- Ukraine has received thousands of drones from the US to help fight Russian forces.
- Among them are hundreds of Phoenix Ghosts, drones developed by the United States to attack targets.
- Little is known about the Phoenix Ghost, so it has rarely been seen in Ukraine.
US military aid is key to Ukraine’s effective defense against a new Russian aggression.
Most of these weapons come from US military stockpiles, but some come straight from the design table. The Phoenix Ghost Tactical Unmanned Aerial System is one of them.
Elusive Phoenix Ghost
In late April, the Pentagon announced it would send 121 Phoenix Ghost drones to Ukraine.
According to the Pentagon, the U.S. Air Force had been working on the Phoenix Ghost long before Russian forces crossed the Ukrainian border on February 24. Began to tailor its development to the specific needs of the Ukrainian Armed Forces.
The limited information the Pentagon has provided about the Phoenix Ghost suggests that it is a loitering ammunition designed for a single strike. Often fired by soldiers very close to the front lines. Loitering ammunition is designed for relatively short flights that end on impact with the target.

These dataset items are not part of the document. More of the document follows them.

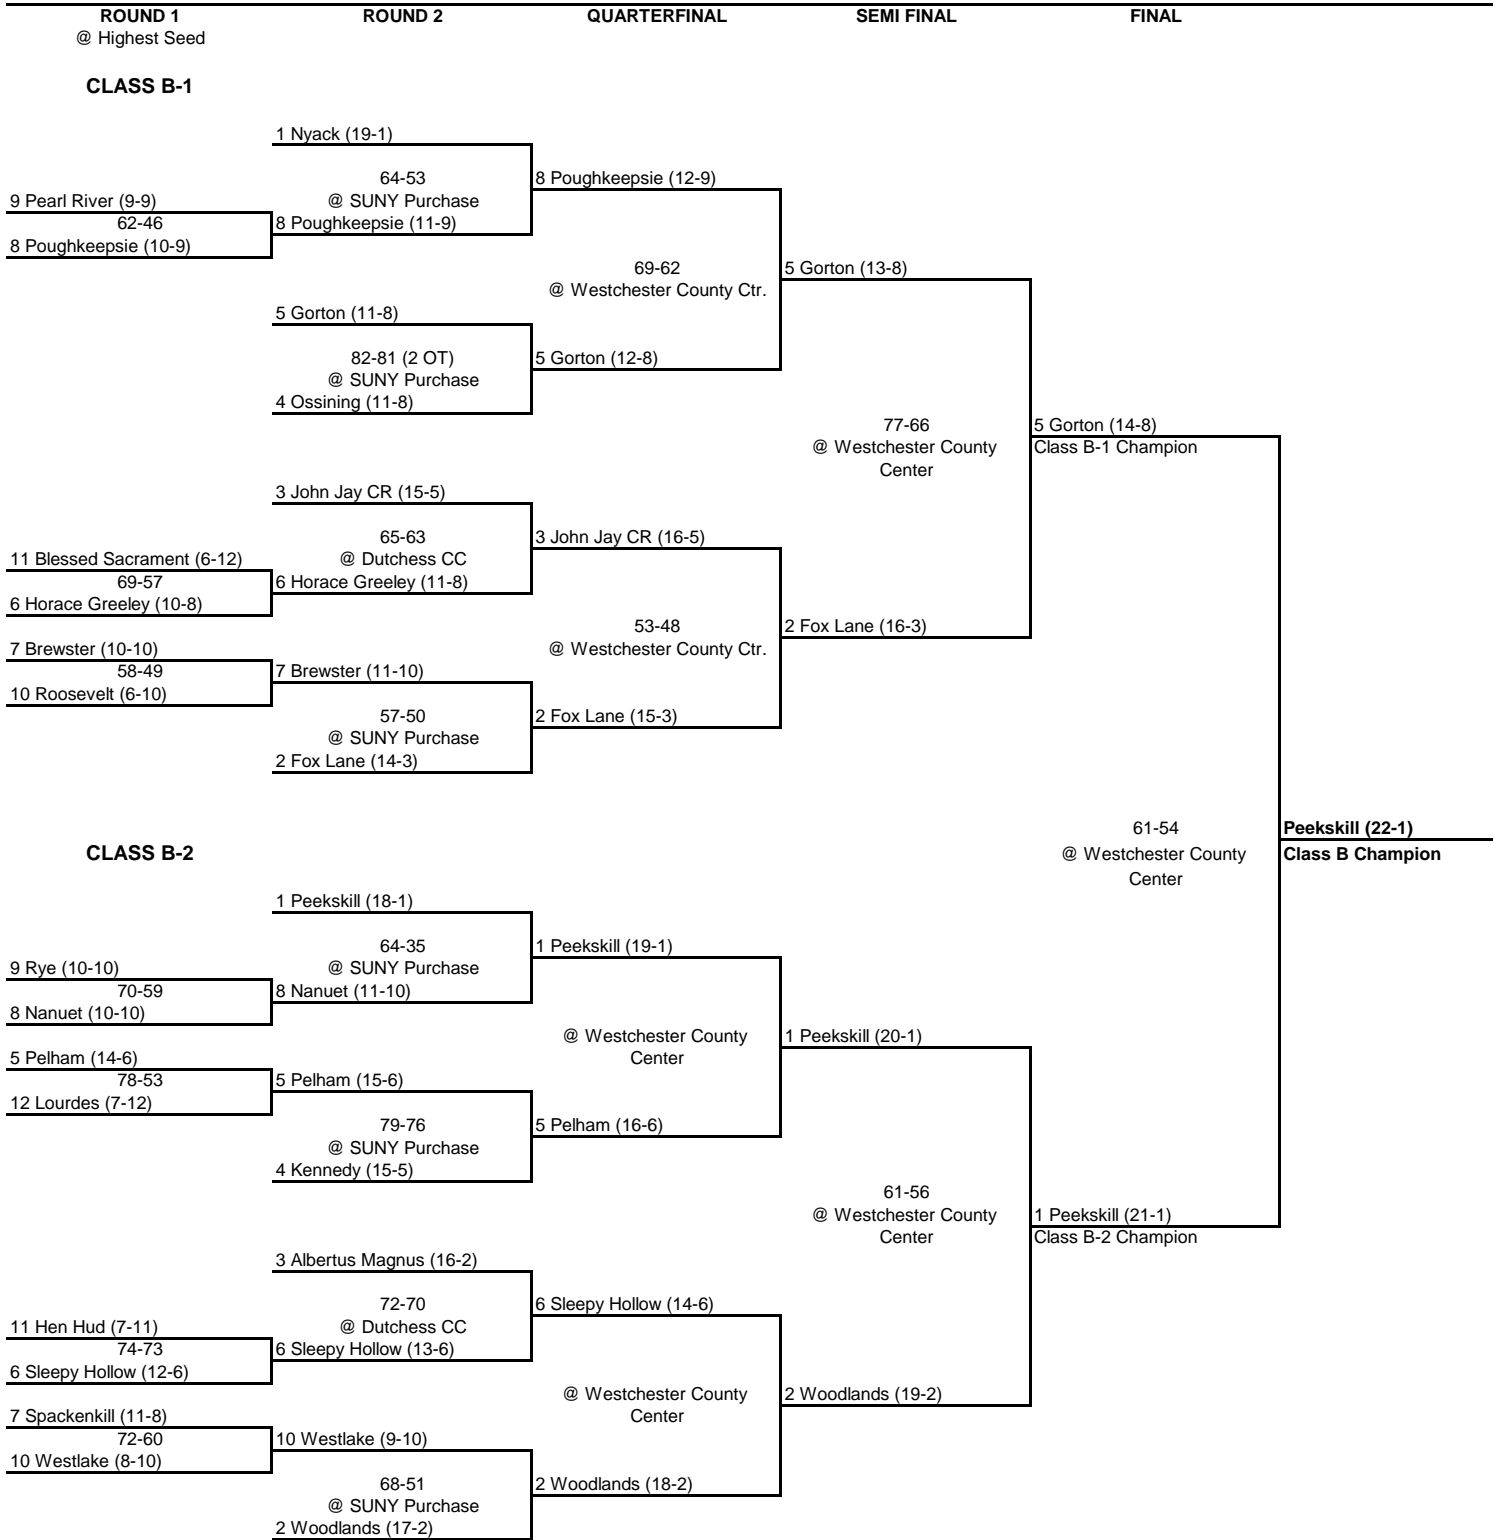

1986 CLASS A CHAMPIONSHIP

New York State Section I

OUTBRACKET
@ Highest Seed

QUARTERFINAL

SEMI FINAL

FINAL

CLASS A-1

CLASS A-2

1986 CLASS B CHAMPIONSHIP

New York State Section I

Peekskill (22-1)
Class B Champion

1986 CLASS C CHAMPIONSHIP

New York State Section I

ROUND 1

QUARTERFINAL

SEMI FINAL

In April, then-Defense Department spokesman John Kirby said the Phoenix Ghost was “similar” to Switchblade, a tactical unmanned aircraft system that the U.S. military began sending to Ukraine in March. .

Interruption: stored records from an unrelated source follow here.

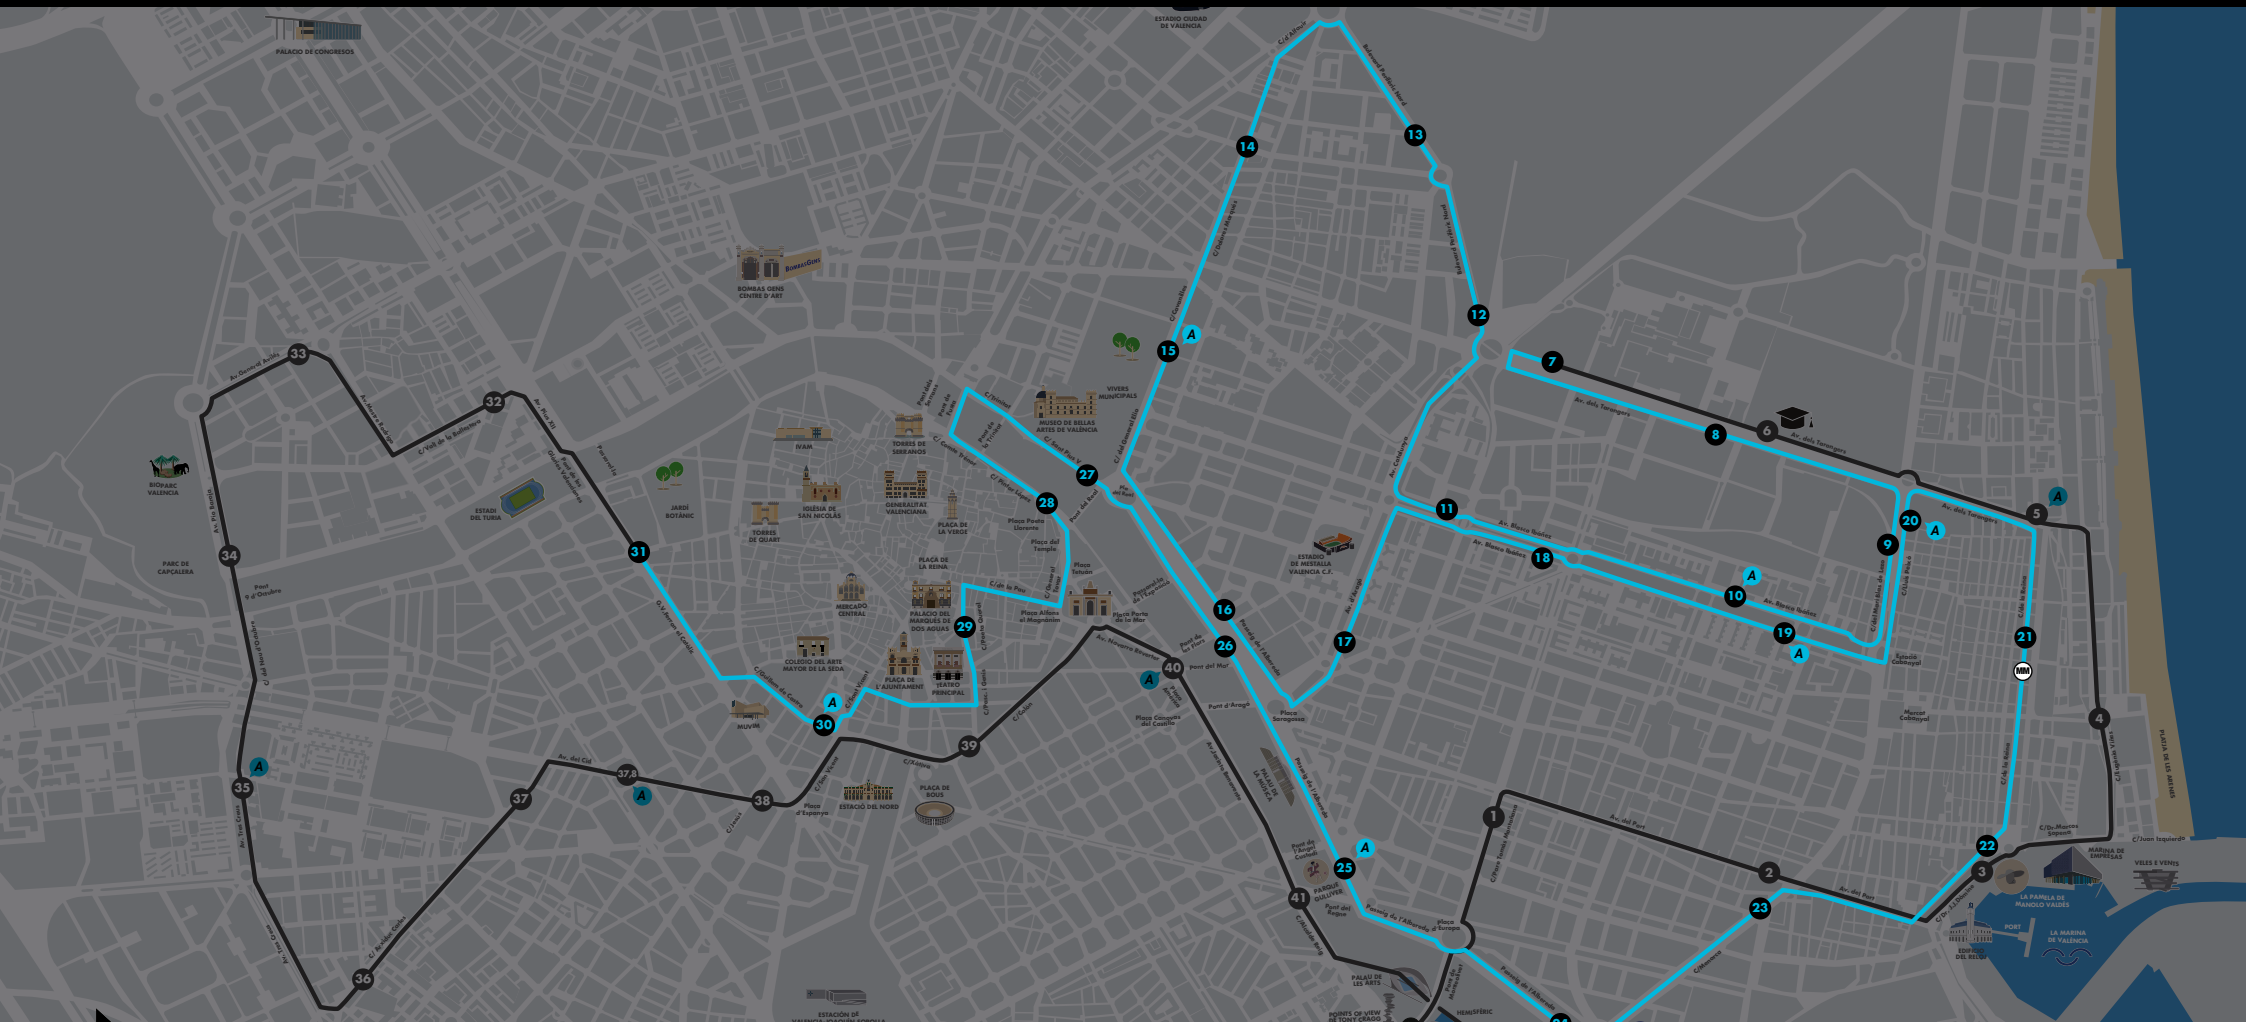

OCUPACIÓN DE VÍAS

ROADS CLOSED

10:30h

01-DEC-2019

TIEMPOS DE PASO

PASSING TIMES

| | | | | | |
|----------|------------|----------|----------|----------|----------|
| 🕒 09:00h | 📍 1 al 10 | 🕒 11:00h | 📍 15 a 🏁 | 🕒 13:00h | 📍 30 a 🏁 |
| 🕒 09:30h | 📍 4 al 20 | 🕒 11:30h | 📍 19 a 🏁 | 🕒 13:30h | 📍 34 a 🏁 |
| 🕒 10:00h | 📍 7 al 31 | 🕒 12:00h | 📍 22 a 🏁 | 🕒 14:00h | 📍 38 a 🏁 |
| 🕒 10:30h | 📍 11 al 41 | 🕒 12:30h | 📍 26 a 🏁 | | |

The Switchblade-300 and -600 are loitering ammunition for use against infantry and armored targets respectively. They’re “basically one-way drones,” Kirby said at the time.
Although the Phoenix Ghost has optics and sensors, it is “designed for tactical operations,” Kirby added. “In other words, it’s not primarily just to hit the target.”

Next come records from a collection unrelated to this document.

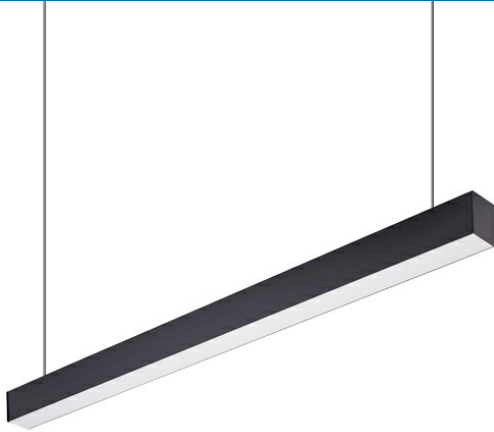

PRODUCT DATASHEET

MODEL NO BN02-01511

DESCRIPTION BRY-LINEA-5070-1.5MT-45W-BLC-4000K-LINEAR LIGHT

BRAYTRON SRL

Bulavardul Iuliu Maniu, Nr.616, Sector 6, 061129, Bucuresti-ROMANIA

info@braytron.com

www.braytron.com

General Characteristics

Model No	:	BN02-01511
Main Family	:	Decorative LED
Sub Family	:	Fixtures
Type	:	Ceiling Light
Body Color	:	Black
Lamp Shape	:	Non-Directional
Dimmable	:	Not-Dimmable
Light Source	:	LED
Warranty	:	3 years
Class	:	Class II
IP	:	IP40

Product Characteristics

Wattage	:	45 w
Color Temperature	:	4000K
Quse Lumen	:	4050 lm
Color Rendering Index (CRI)	:	>80
Beam Angle	:	120° Degrees

Dimensions & Weight

P. Length	:	1420 mm
P. Width	:	50 mm
P. Height	:	70 mm
Weight	:	1945 gr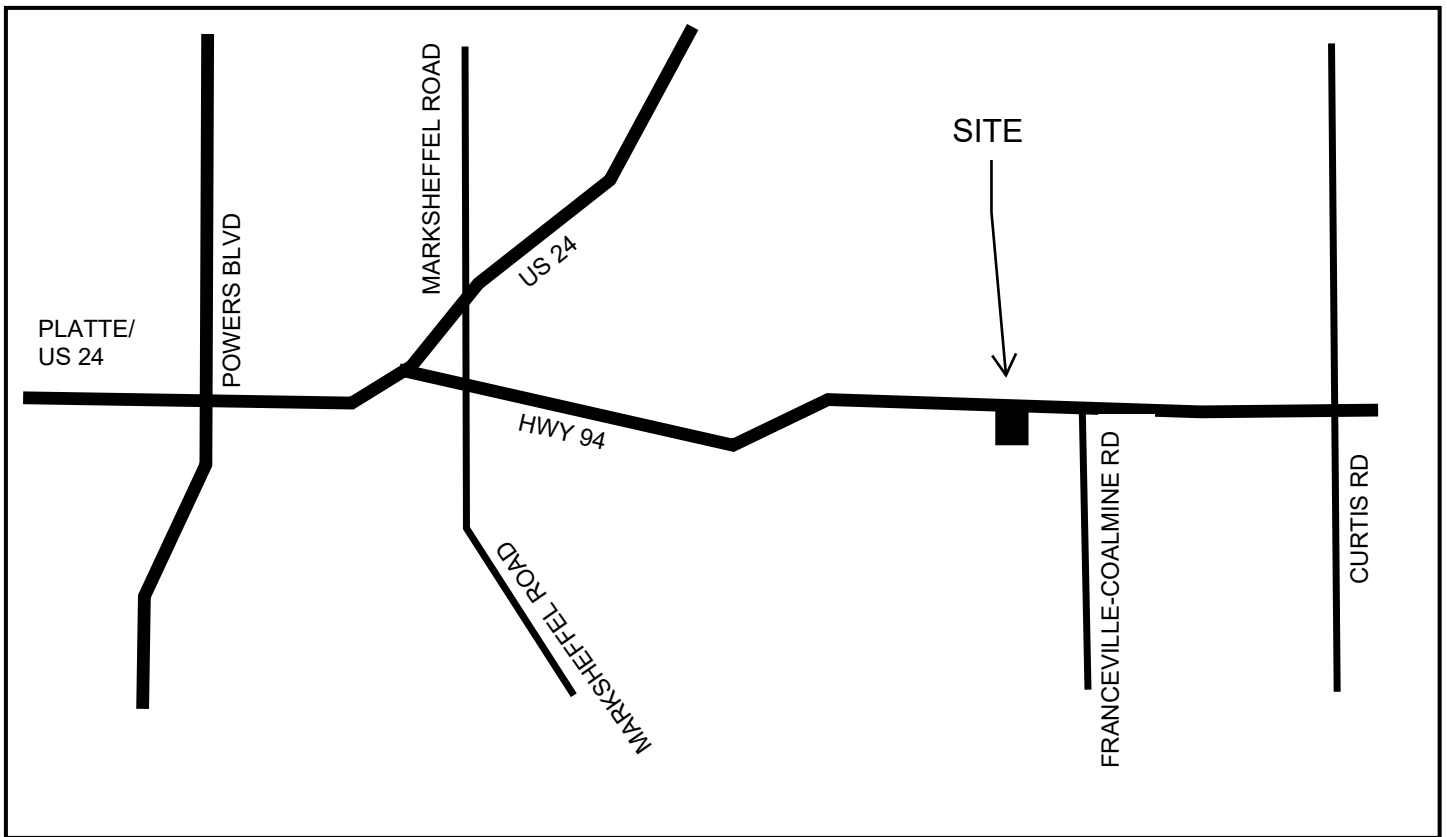

# UDON REZONE VICINITY MAP

NORTH  
NTS

As of September, the Pentagon has sent about 700 Phoenix Ghost drones to Ukraine. But despite hundreds of drones in use in Ukraine and close surveillance of battlefields around the world, a bit glimpse of drones in action against Russian forces.
billions of security aid
So far, the U.S. military has deployed or committed to deploy four strategic or tactical unmanned aerial systems, each designed for a different purpose, to the Ukrainian Armed Forces.
These drones are the AeroVironment RQ-20 Puma, a small UAV designed for tactical reconnaissance. Switchblade also created by AeroVironment. Boeing Insitu Scan Eagle, a rugged low-altitude drone. The Phoenix Ghost was designed by Aevex Aerospace as part of a secret US Air Force program.
Overall, the U.S. military has pledged to provide Ukrainian forces with approximately 2,000 drones to launch strikes and perform intelligence, surveillance and reconnaissance missions.
Drones are just one part of a huge US-led effort To improve Ukraine’s self-defense capabilities in the wake of the 2014 Russian attack. Since then, the United States has pledged more than $17.2 billion in security assistance to Ukraine.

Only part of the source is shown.